(Source records)

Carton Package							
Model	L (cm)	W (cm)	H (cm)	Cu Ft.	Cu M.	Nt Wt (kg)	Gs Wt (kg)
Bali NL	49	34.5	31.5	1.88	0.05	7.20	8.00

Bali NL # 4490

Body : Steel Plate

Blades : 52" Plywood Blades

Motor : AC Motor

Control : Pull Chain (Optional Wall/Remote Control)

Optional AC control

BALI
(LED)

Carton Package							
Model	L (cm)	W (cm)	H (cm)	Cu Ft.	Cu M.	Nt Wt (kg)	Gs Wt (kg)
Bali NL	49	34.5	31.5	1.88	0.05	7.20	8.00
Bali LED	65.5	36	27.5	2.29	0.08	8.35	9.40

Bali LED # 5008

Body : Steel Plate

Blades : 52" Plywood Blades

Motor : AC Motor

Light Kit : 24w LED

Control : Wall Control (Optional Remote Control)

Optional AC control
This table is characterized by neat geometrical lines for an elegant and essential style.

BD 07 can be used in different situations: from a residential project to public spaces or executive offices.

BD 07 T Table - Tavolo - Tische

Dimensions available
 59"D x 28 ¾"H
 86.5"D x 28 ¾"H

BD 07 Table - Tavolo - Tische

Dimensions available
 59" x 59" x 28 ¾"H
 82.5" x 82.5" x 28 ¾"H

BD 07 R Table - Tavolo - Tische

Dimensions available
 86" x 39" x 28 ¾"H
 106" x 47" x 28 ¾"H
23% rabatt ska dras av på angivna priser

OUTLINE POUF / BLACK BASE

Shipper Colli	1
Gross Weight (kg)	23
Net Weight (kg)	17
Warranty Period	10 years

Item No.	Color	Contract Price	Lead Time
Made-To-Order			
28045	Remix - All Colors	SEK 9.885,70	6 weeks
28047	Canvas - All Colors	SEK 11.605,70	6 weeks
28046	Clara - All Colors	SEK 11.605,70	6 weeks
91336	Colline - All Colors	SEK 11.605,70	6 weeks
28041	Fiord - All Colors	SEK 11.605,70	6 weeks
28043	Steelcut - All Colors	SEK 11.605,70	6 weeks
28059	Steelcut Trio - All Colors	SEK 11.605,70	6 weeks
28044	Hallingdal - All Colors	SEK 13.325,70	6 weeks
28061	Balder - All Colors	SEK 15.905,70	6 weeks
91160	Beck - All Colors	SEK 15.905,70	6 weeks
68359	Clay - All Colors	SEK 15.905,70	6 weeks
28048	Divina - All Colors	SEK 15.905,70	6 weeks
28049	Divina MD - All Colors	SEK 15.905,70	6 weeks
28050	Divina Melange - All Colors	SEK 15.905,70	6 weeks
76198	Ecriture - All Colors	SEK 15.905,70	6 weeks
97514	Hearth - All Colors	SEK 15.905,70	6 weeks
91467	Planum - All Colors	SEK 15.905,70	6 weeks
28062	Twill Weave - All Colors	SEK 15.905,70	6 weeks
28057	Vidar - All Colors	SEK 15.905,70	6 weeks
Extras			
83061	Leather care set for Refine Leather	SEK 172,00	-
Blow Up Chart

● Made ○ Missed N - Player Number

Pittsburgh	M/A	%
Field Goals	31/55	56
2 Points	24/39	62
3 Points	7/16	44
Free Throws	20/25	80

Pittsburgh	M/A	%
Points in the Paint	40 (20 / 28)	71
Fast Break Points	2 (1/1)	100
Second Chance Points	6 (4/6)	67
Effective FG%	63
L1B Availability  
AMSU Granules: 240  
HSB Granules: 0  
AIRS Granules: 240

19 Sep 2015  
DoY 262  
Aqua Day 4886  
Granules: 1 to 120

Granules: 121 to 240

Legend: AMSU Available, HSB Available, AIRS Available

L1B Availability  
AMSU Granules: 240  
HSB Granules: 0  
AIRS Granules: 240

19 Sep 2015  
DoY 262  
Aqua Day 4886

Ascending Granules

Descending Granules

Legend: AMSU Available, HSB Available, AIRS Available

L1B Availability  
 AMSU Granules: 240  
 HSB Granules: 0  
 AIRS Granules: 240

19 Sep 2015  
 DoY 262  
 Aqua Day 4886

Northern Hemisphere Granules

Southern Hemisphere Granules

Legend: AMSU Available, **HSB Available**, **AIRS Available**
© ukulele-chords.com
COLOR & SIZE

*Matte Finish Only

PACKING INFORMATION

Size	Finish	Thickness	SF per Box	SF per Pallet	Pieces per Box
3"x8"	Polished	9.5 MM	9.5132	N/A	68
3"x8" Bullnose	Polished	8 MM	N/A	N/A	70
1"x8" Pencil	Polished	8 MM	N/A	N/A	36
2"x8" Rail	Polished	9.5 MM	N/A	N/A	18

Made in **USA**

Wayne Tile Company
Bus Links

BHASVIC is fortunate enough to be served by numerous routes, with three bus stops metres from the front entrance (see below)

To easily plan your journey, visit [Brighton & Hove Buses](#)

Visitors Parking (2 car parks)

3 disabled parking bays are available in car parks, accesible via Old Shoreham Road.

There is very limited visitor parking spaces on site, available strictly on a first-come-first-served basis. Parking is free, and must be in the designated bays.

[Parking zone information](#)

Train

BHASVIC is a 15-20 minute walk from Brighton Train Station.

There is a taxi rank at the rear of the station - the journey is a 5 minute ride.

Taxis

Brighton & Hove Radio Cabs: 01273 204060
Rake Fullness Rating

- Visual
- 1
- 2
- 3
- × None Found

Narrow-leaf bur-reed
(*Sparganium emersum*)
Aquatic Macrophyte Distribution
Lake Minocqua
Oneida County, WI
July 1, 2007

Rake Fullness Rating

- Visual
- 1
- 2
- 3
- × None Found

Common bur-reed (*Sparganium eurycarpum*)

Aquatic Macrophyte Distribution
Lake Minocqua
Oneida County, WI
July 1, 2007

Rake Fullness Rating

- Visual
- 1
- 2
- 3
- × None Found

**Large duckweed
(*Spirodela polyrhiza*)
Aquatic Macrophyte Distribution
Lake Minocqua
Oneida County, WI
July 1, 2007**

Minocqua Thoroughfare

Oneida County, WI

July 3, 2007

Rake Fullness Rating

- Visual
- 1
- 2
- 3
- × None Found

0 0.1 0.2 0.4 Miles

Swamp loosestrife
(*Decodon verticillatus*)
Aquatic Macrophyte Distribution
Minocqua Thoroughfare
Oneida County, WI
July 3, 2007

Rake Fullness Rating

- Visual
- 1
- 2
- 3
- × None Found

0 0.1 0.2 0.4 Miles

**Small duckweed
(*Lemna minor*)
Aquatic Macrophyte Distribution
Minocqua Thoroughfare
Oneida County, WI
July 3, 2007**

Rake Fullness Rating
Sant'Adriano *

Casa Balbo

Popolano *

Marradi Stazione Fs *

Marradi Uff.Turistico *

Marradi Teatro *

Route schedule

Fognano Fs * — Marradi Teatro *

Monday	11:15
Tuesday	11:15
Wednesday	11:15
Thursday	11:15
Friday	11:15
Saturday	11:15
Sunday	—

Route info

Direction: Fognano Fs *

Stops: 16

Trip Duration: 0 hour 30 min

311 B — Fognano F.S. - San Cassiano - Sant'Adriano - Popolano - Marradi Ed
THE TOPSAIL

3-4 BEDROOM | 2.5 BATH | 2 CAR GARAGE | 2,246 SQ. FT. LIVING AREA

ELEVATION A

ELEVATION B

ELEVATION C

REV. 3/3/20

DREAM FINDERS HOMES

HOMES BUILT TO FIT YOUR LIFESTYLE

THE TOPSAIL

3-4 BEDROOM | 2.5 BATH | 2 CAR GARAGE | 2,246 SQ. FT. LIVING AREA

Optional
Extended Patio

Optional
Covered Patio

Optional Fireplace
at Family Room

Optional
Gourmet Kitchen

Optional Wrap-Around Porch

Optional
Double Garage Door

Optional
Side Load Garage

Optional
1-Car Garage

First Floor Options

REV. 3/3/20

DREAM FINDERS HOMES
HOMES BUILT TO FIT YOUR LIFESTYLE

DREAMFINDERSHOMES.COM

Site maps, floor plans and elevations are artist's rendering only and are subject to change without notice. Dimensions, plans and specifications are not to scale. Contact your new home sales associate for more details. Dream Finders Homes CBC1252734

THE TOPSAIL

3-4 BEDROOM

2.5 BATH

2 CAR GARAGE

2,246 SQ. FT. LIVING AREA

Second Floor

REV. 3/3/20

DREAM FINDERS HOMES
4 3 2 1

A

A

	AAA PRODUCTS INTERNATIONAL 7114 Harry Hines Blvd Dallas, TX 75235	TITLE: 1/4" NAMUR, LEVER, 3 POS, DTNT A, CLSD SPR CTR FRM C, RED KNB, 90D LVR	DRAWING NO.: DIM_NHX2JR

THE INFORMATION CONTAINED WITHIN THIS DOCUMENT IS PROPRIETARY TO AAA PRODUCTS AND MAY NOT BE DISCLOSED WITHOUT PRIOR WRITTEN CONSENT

ASSIGNMENT — Count the lines in these records that hold the string "Wall". Only the number is wanted.

FINAL ANSWER — 2